Chemical Pump

What is a chemical pump?

Chemical pump refers to a broad category of pumps that are used to transfer, mix, or dispense chemicals in a system. A chemical pump can either be a centrifugal or positive displacement type of pump. The pump is often used when the chemical to be transferred is either corrosive or abrasive, hence cannot be used with conventional pumps. A chemical pump applies to a variety of industrial liquids including sulphuric liquid, acetic acid, sulphuric acid, methane, sodium hypochlorite, sodium sulfate. Chemical pumps find applications in various industries such as chemical, petrochemical, and food processing industries. They are also used in high-temperature heating systems and off-site applications of refineries.

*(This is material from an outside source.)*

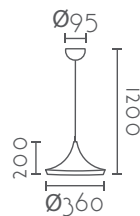

foron de metal - ceiling cover metal-iron

To withstand the toxic, corrosive, and hazardous nature of the Chemicals, chemical pumps manufacturers use highly resilient materials in the design of various pump components such as casing and the impeller. A chemical pump can be powered using AC or DC motors, diesel or gasoline engines, and steam or water turbines. In most cases, a centrifugal chemical pump features a single-stage design without self-priming capabilities. The design of chemical pumps for special applications such as extremely hot or cold chemicals involves the use of heatable casing or cool-able casing covers. Generally, chemical pump manufacturers utilize non-corrosive metals or no-metallic materials to build the wetted parts of the pump. Alternatively, the wetted parts can be coated with enamel coating, resistant rubber, or plastic. Chemical pumps manufacturers are often required by law to adhere to the American National Standards Institute (ANSI) specifications.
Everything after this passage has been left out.